In order to allow for a high quality and high intelligibility for the different rendering modes, different DRC (Dynamic Range Control) profiles for the different rendering modes may be provided along with the audio content. The audio content may be transmitted in a sequence of frames. The sequence of frames may comprise I (i.e. independent) frames which may be decoded independently from previous or succeeding frames. Furthermore, the sequence of frames may comprise other types of frames (e.g. P and/or B frames) which typically exhibit a dependency with regards to a previous and/or a succeeding frame. At least some of the frames of the sequence of frames may comprise a plurality of different DRC profiles for a plurality of different rendering modes. In particular, the I-frames of the sequence of frames may comprise the plurality of DRC profiles.
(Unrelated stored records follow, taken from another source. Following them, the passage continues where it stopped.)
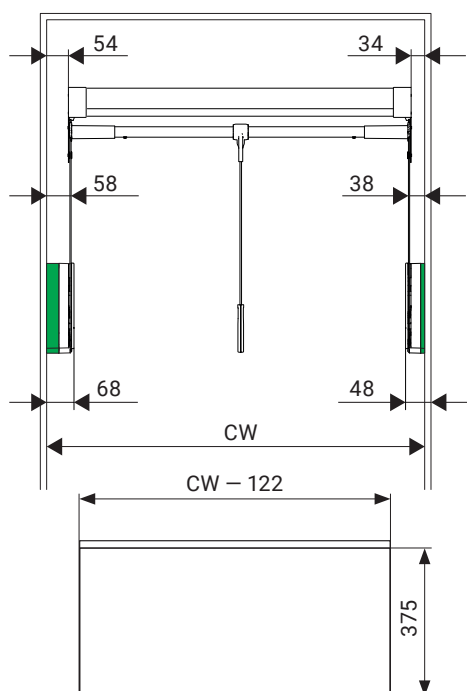

Sada obsahuje:

1 × distanční prvek

1 × montážní materiál

Rozměry Š × H × V	Barva	MJ 10
30 × 213 × 229	břidlice černá	238722.7818

Sklopná šatní tyč CONERO TOP

- Vytváří další úložný prostor nad šatní závěsnou tyčí, např. pro kabelky, klobouky a doplňky.
- Kombinuje snadný přístup a využití celé výšky skříně díky sklopnému závěsu na šaty.
- Pohodlná manipulace při nízkém i plném zatížení
- Šetrné a bezpečné sklopení i při plném zatížení díky samoregulační asistenci potřebné síly

By inserting a plurality of different DRC profiles into a sequence of audio frames, an audio decoder is enabled to select an appropriate DRC profile for a particular rendering mode. As a result, it may be ensured that the rendered audio signal has a high quality (notably no clipping or distortion introduced by the transducers) and a high intelligibility.
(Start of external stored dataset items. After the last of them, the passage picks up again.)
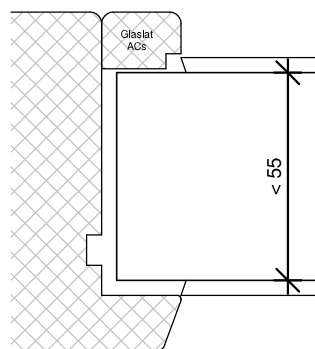

BEGLAZEN FABRIEKAF

EIL90

Kozijnshop.nl

TEKENAAR
Rik Beunk

BLAD
EIL90

ORDERNUMMER

PRODUCTIEORDER

In the following, various aspects of dynamic range control are described. Without customized dynamic range control, input audio information (e.g., PCM samples, time-frequency samples in a QMF matrix, etc.) is often reproduced at a playback device at loudness levels that are inappropriate for the playback device's specific playback environment (that is, including the device's physical and/or mechanical playback limitations), as the playback device's specific playback environment might be different from a target playback environment for which the encoded audio content had been coded at an encoding device.
Techniques as described herein can be used to support dynamic range control of a wide variety of audio content customized to any of a wide variety of playback environments while maintaining perceptual qualities of the audio content and while maintaining an artist's intent of adapting the content to different listening environments.
Dynamic Range Control (DRC) refers to time-variant, level-dependent audio processing operations that alter (e.g., compress, cut, expand, boost, etc.) the signal in order to convert an input dynamic range of loudness levels in audio content into an output dynamic range that is different from the input dynamic range. For example, in a dynamic range control scenario, soft sounds may be mapped (e.g., boosted, etc.) to higher loudness levels and loud sounds may be mapped (e.g., cut, etc.) to lower loudness values. As a result, in a loudness domain, an output range of loudness levels becomes smaller than the input range of loudness levels in this example. In some embodiments, the dynamic range control, however, may be reversible so that the original range is restored. For example, an expansion operation may be performed to recover the original range so long as mapped loudness levels in the output dynamic range, as mapped from original loudness levels, are at or below a clipping level, each unique original loudness level is mapped to a unique output loudness level, etc.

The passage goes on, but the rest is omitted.